Of course, the limits will matter. I will guess if they include 0, for example, you may have a problem.
syms k x
x1 = pi/4;
x2 = pi/2;
F = cos(k*x)/sin(x);
Fcoef = arrayfun(@(K) int(subs(F,k,K),x1,x2),1:10)
Fcoef =
[ log(2)/2, log(2^(1/2) + 1) - 2^(1/2), log(2)/2 - 1, log(2^(1/2) + 1) - (2*2^(1/2))/3, log(2)/2, log(2^(1/2) + 1) - (7*2^(1/2))/15, log(2)/2 - 1/3, log(2^(1/2) + 1) - (64*2^(1/2))/105, log(2)/2 - 1/3, log(2^(1/2) + 1) - (227*2^(1/2))/315]

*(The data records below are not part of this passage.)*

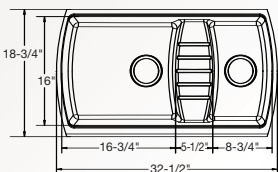

ELQTLB342210BK $920.00

Reversible design, sink can be rotated so large bowl is on the right or left

Bowl Depth: small 8", large 10"
Work Bench: Recessed 4 $\frac{3}{4}$ "
Drain Opening: 3 $\frac{1}{2}$ "
Minimum Cabinet Size: 36"

Optional Accessories:

Cutting Board: LKCB1813HW $130.00
Bottom Grids:
LKVOBG1716RSS (Large Bowl) $159.00
LKVBG916SS (Small Bowl) $159.00
Colander: LKC0916SS (Either Bowl) $150.00
Prep Bowl: LKB0916SS (Either Bowl) $125.00
Trivet: LKT515BK (Work Bench) $50.00
Drain: LKS35 $64.00
LKKDT35 $58.00
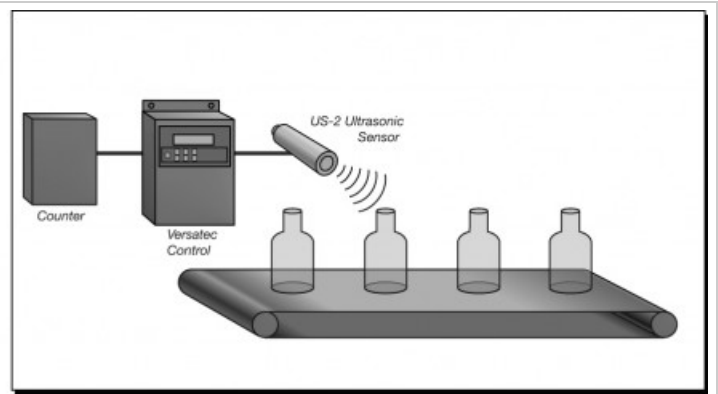

North America

MAGPOWR: +1.800.624.7697
Fife: +1.800.639.3433
Tidland: +1.800.426.1000
[Contact](#)

South America

Tel +55.11.3959.0990
Fax +55.11.3856.0990
[Contact](#)

Europe

Tel +49.6195.7002.0
Fax +49.6195.7002.933
[Contact](#)

India

Tel +91.22.27602633
Fax +91.22.27602634
[Contact](#)

China

Tel +86.756.881.9398
Fax +86.756.881.9393
[Contact](#)

Japan

Tel +81.43.421.1622
Fax +81.43.421.2895
[Contact](#)

Korea, Taiwan and SE Asia

Tel +65.9620.3883
Fax +65.6235.4818
[Contact](#)

Source URL: <http://magpowr.maxcessintl.com/tension-control/magpowr-versatec-tension-control>
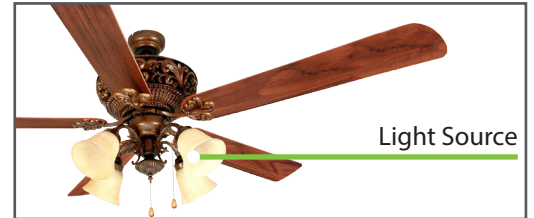

Ordering Information

EXAMPLE: FN-60-FB-5D-4L-PC

Type	Size	Finish	Blades	Light Source	Controls
FN - Fan	60 - 60"	FB - Florentine Bronze	5D - 5 Blades Dark Wood Reversible Oval Ends	4L - Four Shades Light	PC - Pull Chain

Specifications and Dimensions subject to change without notice.
*MOQ and longer lead times may apply, please contact customer service for more information.
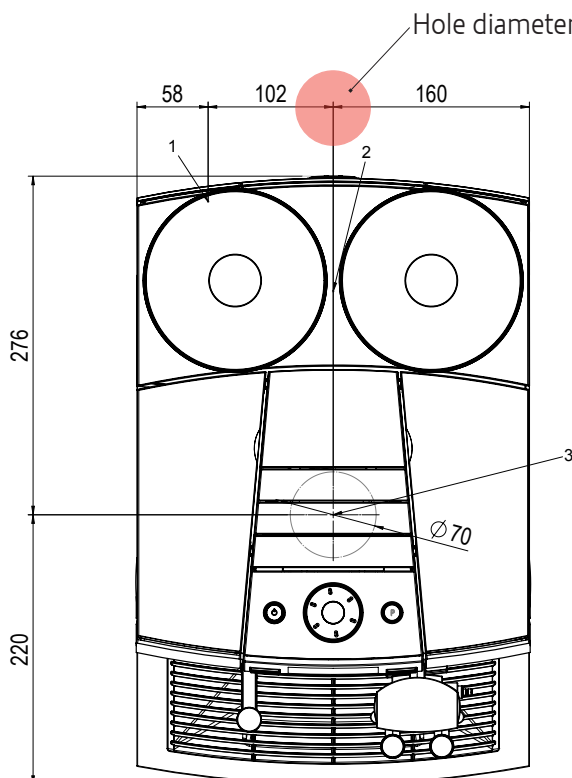

Dimensions

Outline

Side outline

General space needed

Holes for coffee grounds disposal and drip drain set

Position of separate holes in work surface for permanent water connection and drain hose

- 1 Position of permanent water connection
- 2 Position of drain hose

i Minimum distance between holes and machine: 40 mm

Position of shared hole in work surface for permanent water connection and drain hose

- 1 Position of permanent water connection
- 2 Position of drain hose
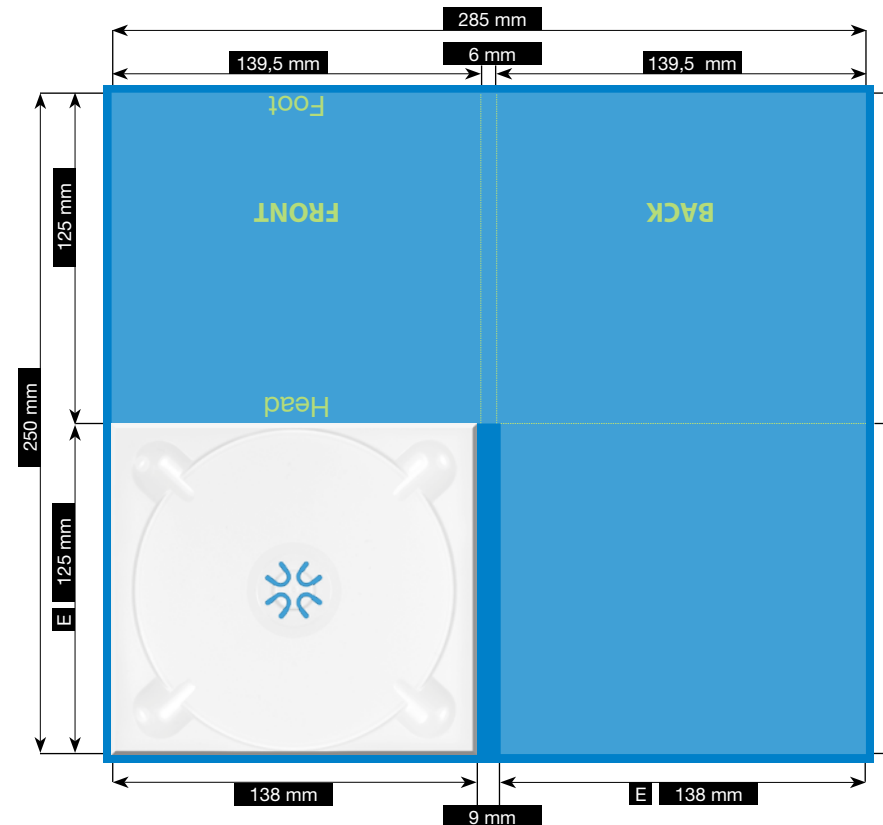

Important information such as images and texts which are not intended to be cut off need to be placed 3-4 mm away from the border of the page.
3 mm bleed

Crop marks are not necessary!

Resolution

Images should at least have a resolution of 300 dpi.

Color/Color spectrum

Exclusively CMYK or greyscales

Fonts

Avoid the usage of fonts under 5 pt.
All fonts must be embedded or converted into outlines.

Illustrations are scaled to 35%.

FILE-FORMAT
WITH BLEED
291 x 256 mm

ENDFORMAT (E)
139,5 x 125 mm
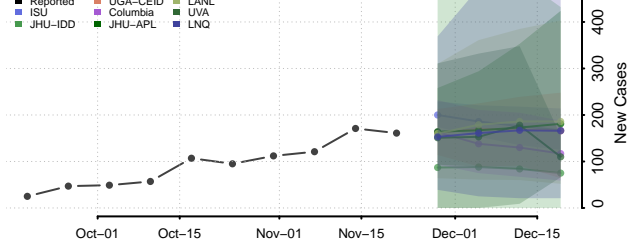

Barry County, Missouri

Note the odd terms show one pattern, the even terms another.
Fcoef(1:2:end)
ans =
[ log(2)/2, log(2)/2 - 1, log(2)/2, log(2)/2 - 1/3, log(2)/2 - 1/3]
Fcoef(2:2:end)
ans =
[ log(2^(1/2) + 1) - 2^(1/2), log(2^(1/2) + 1) - (2*2^(1/2))/3, log(2^(1/2) + 1) - (7*2^(1/2))/15, log(2^(1/2) + 1) - (64*2^(1/2))/105, log(2^(1/2) + 1) - (227*2^(1/2))/315]
I don't want to forget the zero'th order term.
int(subs(F,k,0),x1,x2)
ans =
log(2^(1/2) + 1)
If you prefer to do this numerically using integral, you can do so easily enough. But the integrate function would not apply in any case.